EXERCISE: All lines below containing the string "Evacuation" are to be copied.

**** MATERIAL TO PROCESS

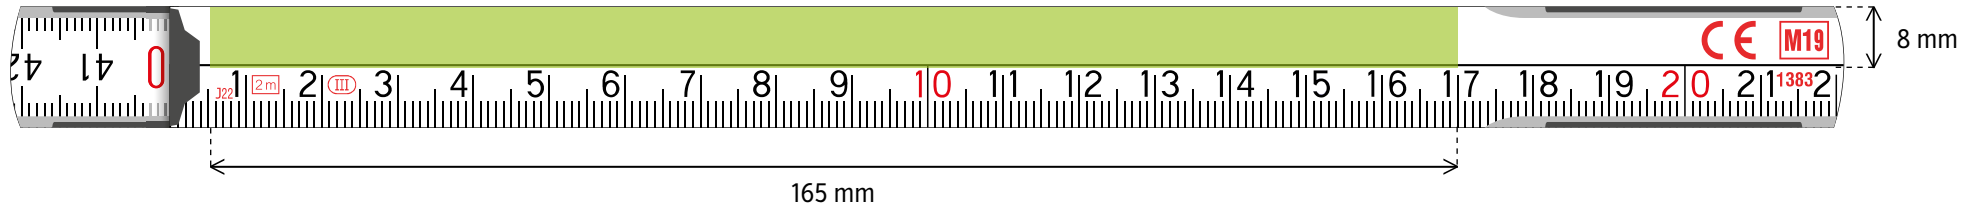

3 m **BLOCK 53/73** SIDE PRINT

PAD PRINT - print area size 220 × 44 mm

DIGITAL PRINT - print area size 240 × 50 mm

1m **PERFEKT 5** SIDE PRINT

PAD PRINT - print area size 135 × 13 mm

DIGITAL PRINT - print area size 145 × 16 mm

2 m **SLIMBOY** SIDE PRINT

PAD PRINT - print area size 130 × 24 mm

BLOCK UPB PRINT (UPPER PART BLANK)

PAD PRINT - print area size 185 × 8 mm

DIGITAL PRINT - print area size 215 × 8 mm

BLOCK MPB PRINT (MIDDLE PART BLANK)

PAD PRINT - print area size 185 × 5 mm

DIGITAL PRINT - print area size 215 × 5 mm

PERFEKT / PROFI UPB PRINT (UPPER PART BLANK)

PAD PRINT - print area size 165 × 8 mm

DIGITAL PRINT - print area size 165 × 8 mm

PERFEKT / PROFI MPB PRINT (MIDDLE PART BLANK)

PAD PRINT - print area size 185 × 5 mm

DIGITAL PRINT - print area size 215 × 5 mm
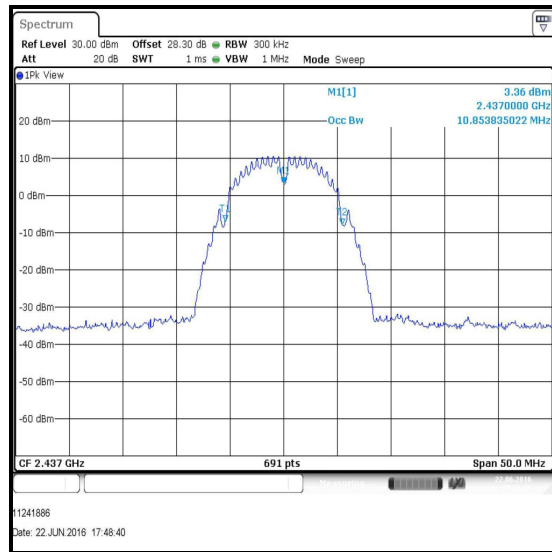

8. Appendix 1

Transmitter 99% Emission Bandwidth Reference Plots

Results: 802.11b / DBPSK / 1 Mbps

Channel	Frequency (MHz)	99% Emission Bandwidth (MHz)
1	2412	10.926
6	2437	10.854
11	2462	10.492
12	2467	10.637
13	2472	10.709

Channel 6
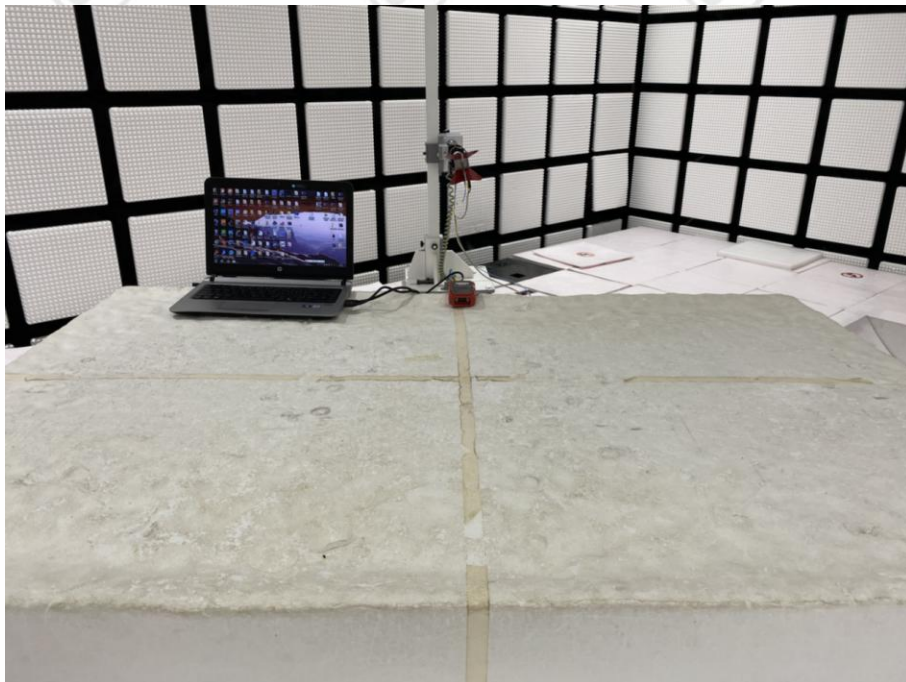

PHOTOGRAPHS OF TEST SETUP

Test model No.:DBScar VII

Diagnostic board 1:

Radiated spurious emission Test Setup-1(Below 1GHz)

Radiated spurious emission Test Setup-2(Above 1GHz)

Diagnostic board 2:

Radiated spurious emission Test Setup-1(Below 1GHz)

Radiated spurious emission Test Setup-2(Above 1GHz)

**Radiated spurious emission Test Setup-5(Above 1GHz)
There are absorbing materials under the ground.**
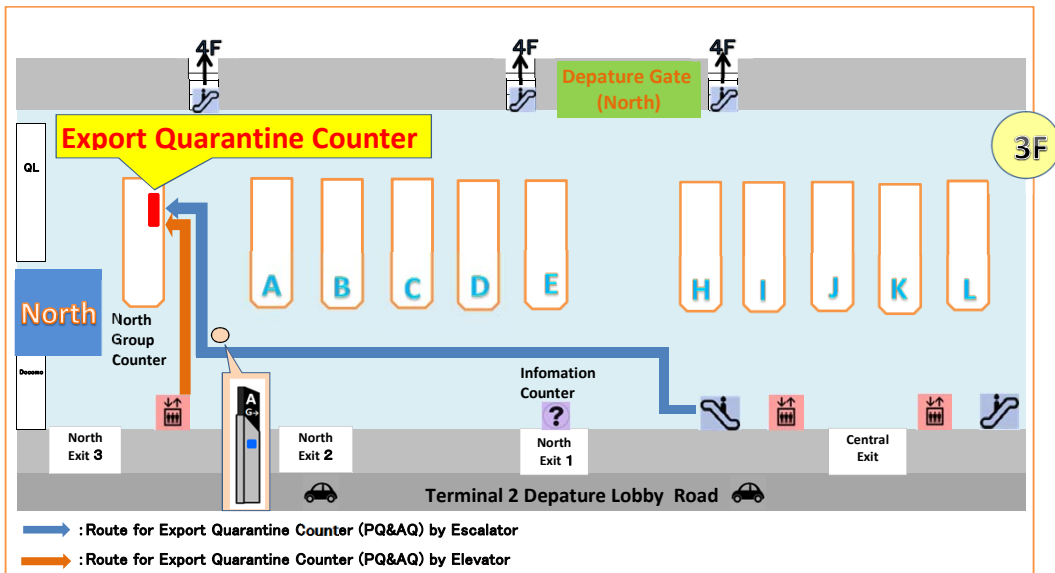

Narita International Airport Terminal 1 International Departure Lobby (NorthWing)

Narita International Airport Terminal 2 --- International Departure Lobby  
(North Group Counter N0.32)

## Information map of the Export Quarantine Counter in Narita International Airport

(Source: Narita International Airport Co., Ltd.)
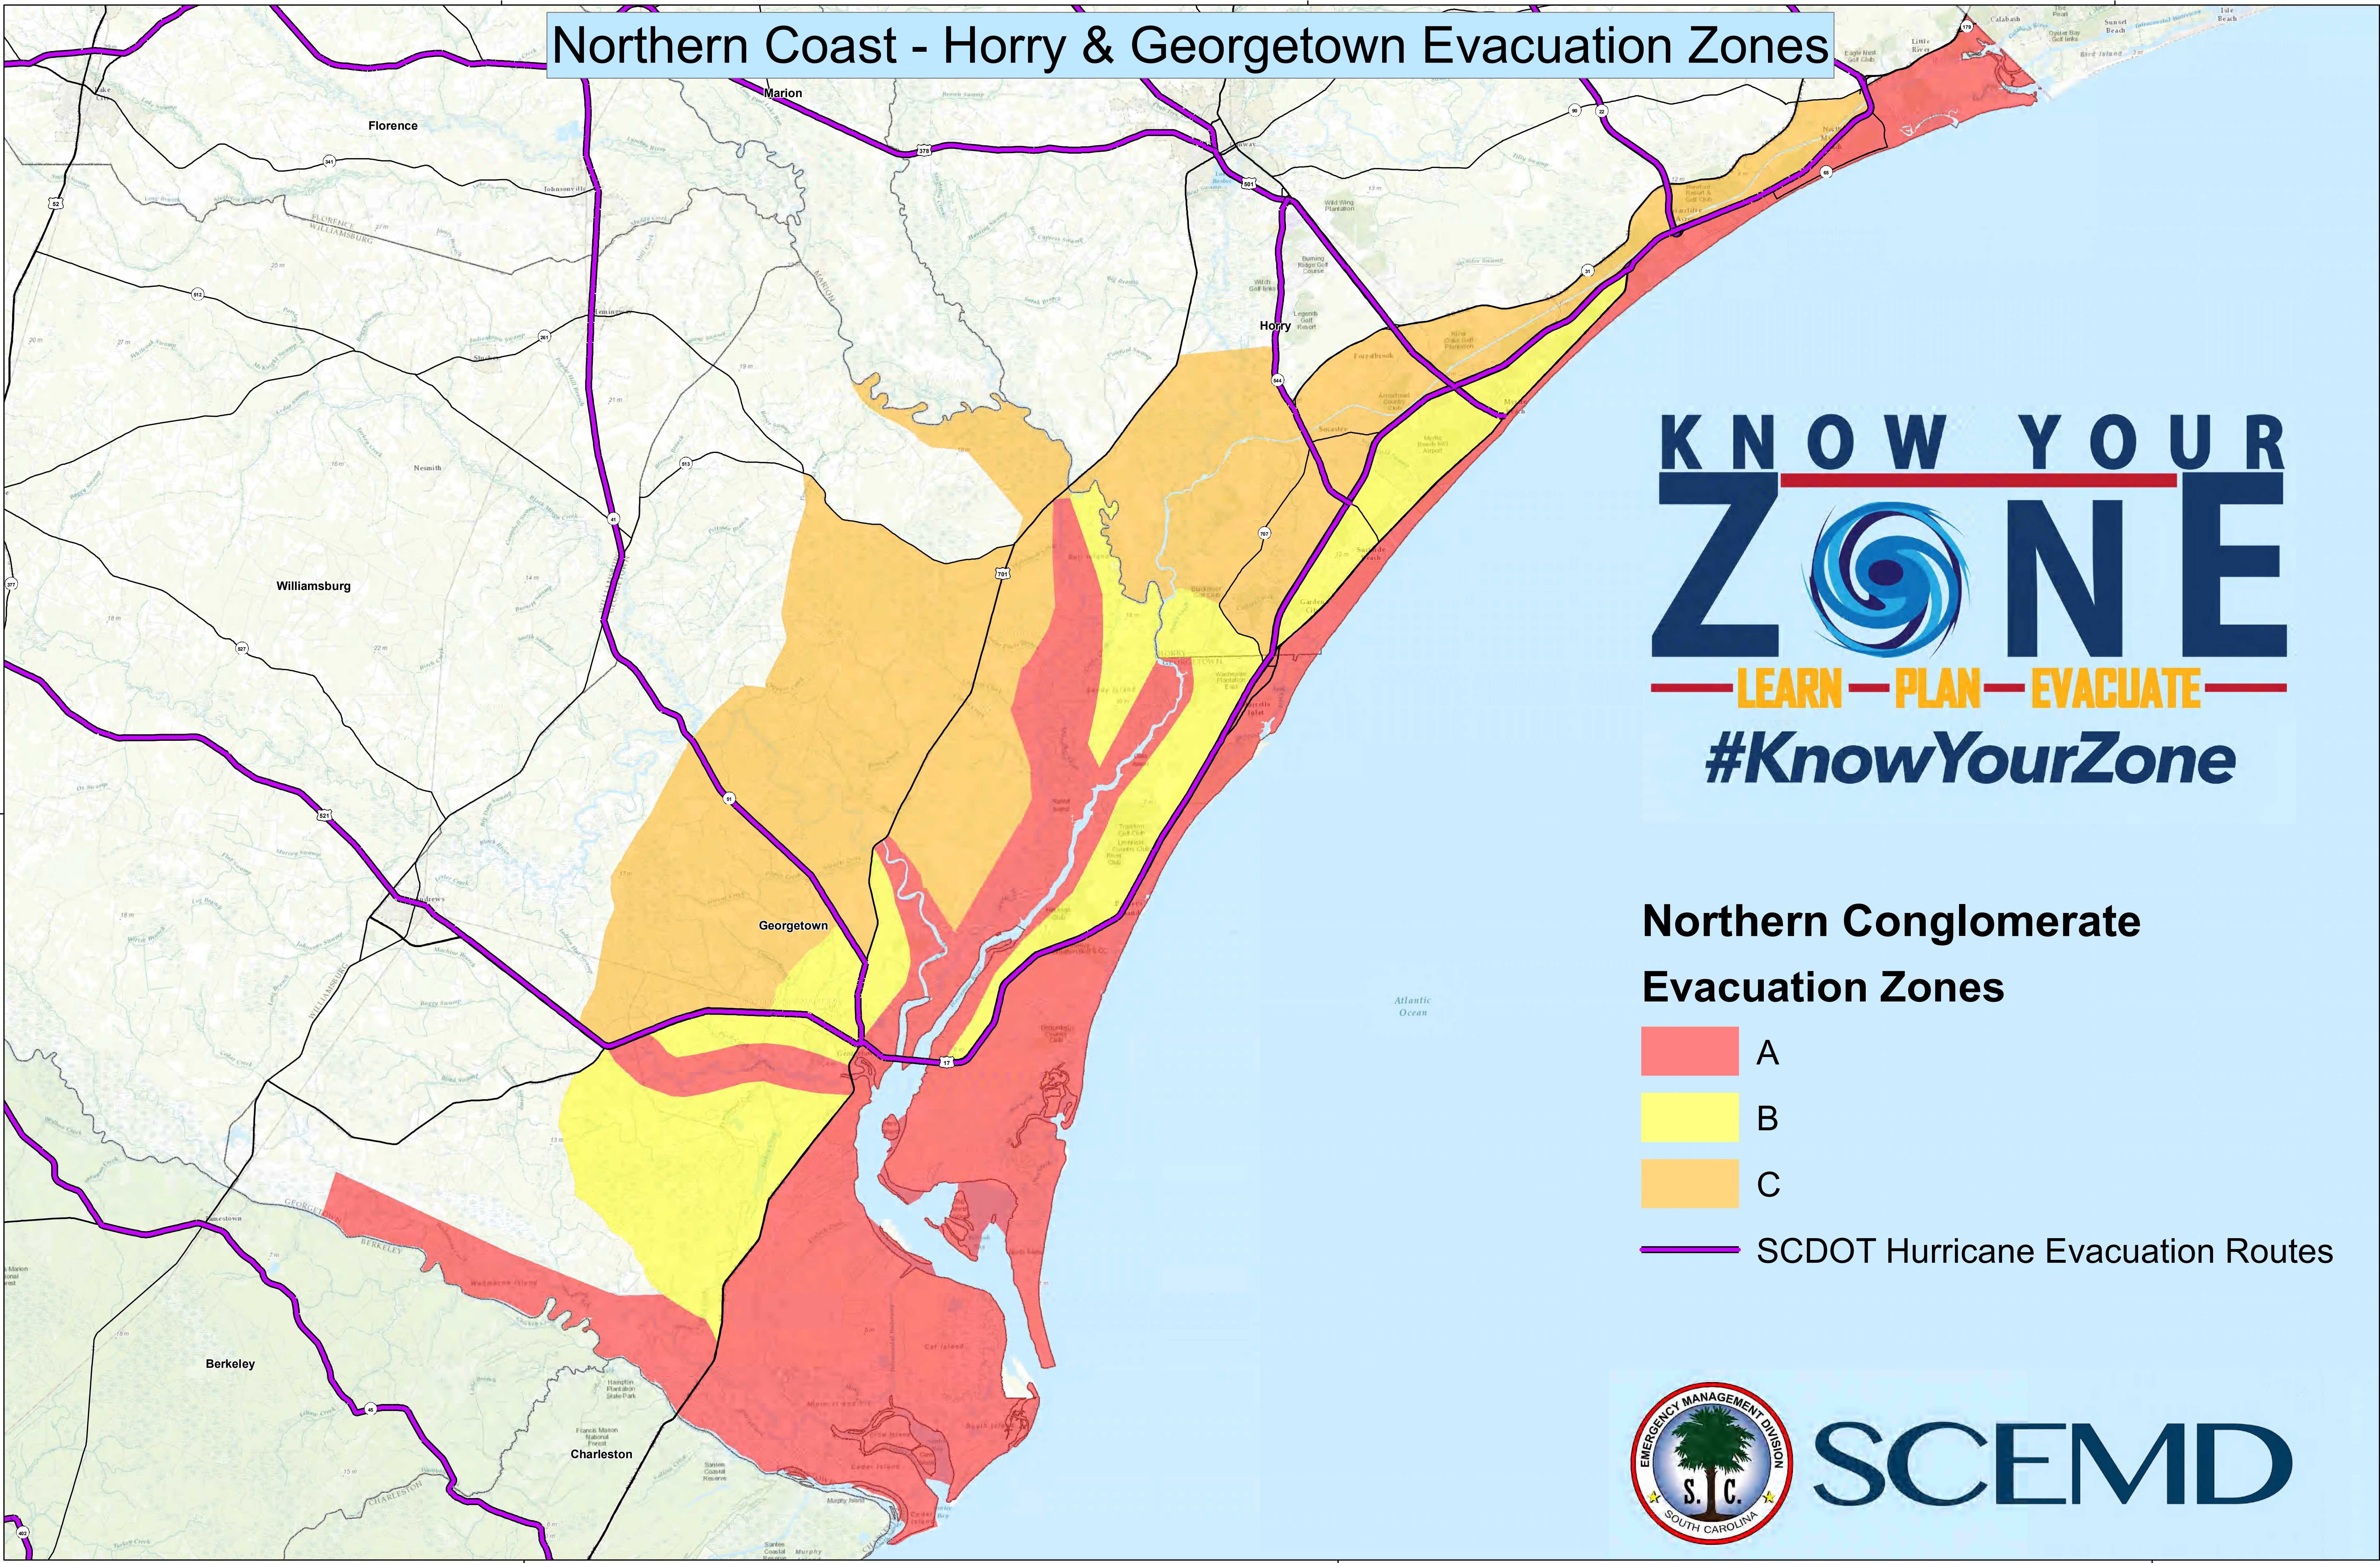

# Northern Coast - Horry & Georgetown Evacuation Zones

**KNOW YOUR ZONE**  
  
**LEARN — PLAN — EVACUATE**  
**#KnowYourZone**

## Northern Conglomerate Evacuation Zones

-  A
-  B
-  C
-  SCDOT Hurricane Evacuation Routes

# SCEMD

Disclaimer: This map is a graphic representation of data obtained from various sources. All efforts have been made to warrant the accuracy of this map. However, SC EMD disclaims all responsibility and liability for the use of this map.
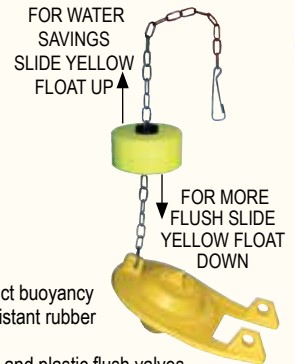

FLAPPERS

TOILET AND TANK SECTION

FLAPPERS

ProGold™ DURAFLAPPER

- Fits all conventional closets
- Includes protective box insert
- Made of 100% natural rubber
- Silicone impregnated compound prevents distortion and retains its original shape
- Includes stainless steel chain and clip
- Resists harmful chemicals
- Sold exclusively to plumbing contractors
- 60-907 ProGold Plus™ is made with a premium chlorine resistant rubber and is guaranteed for 7 years.

Individually packaged to keep your Progold "in shape" while in your truck!!

Item #	Description	Price 1	Price 2
60-904	ProGold™ 5 Year Guarantee	4.49	3.95
60-907	ProGold Plus™ 7 Year Guarantee	6.76	5.95

When you order any of our flappers in multiples of 12 you'll receive them in a FREE heavy corrugated Bin Box!

sharky™ Adjustor

- This ADAPTABLE flapper lets you determine your flush volume
- For both your water conservation customers and your customers who desire a powerful flush
- Tapered ball design
- Stainless steel chain
- Collarless
- Aquadynamic
- Hole in cone for correct buoyancy
- Premium chlorine resistant rubber
- Super soft seal
- Fits slant flush valves and plastic flush valves
- 7 year guarantee
- Sold exclusively to plumbing contractors
- Includes protective box insert
- One per box - 12 boxes per case

Item #	Description	Price 1	Price 2
60-709	Sharky™ Adjustor	9.03	7.95

sharky™ PLUS

- Tapered ball design
- Stainless steel chain
- Aquadynamic
- Premium chlorine resistant rubber
- Super soft seal
- Fits slant flush valves and plastic flush valves
- 7 year guarantee
- Includes protective box insert
- Sold exclusively to plumbing contractors
- One per box - 12 boxes per case

********

RESPONSE TO THE EXERCISE:
# Northern Coast - Horry & Georgetown Evacuation Zones
## Northern Conglomerate Evacuation Zones
-  SCDOT Hurricane Evacuation Routes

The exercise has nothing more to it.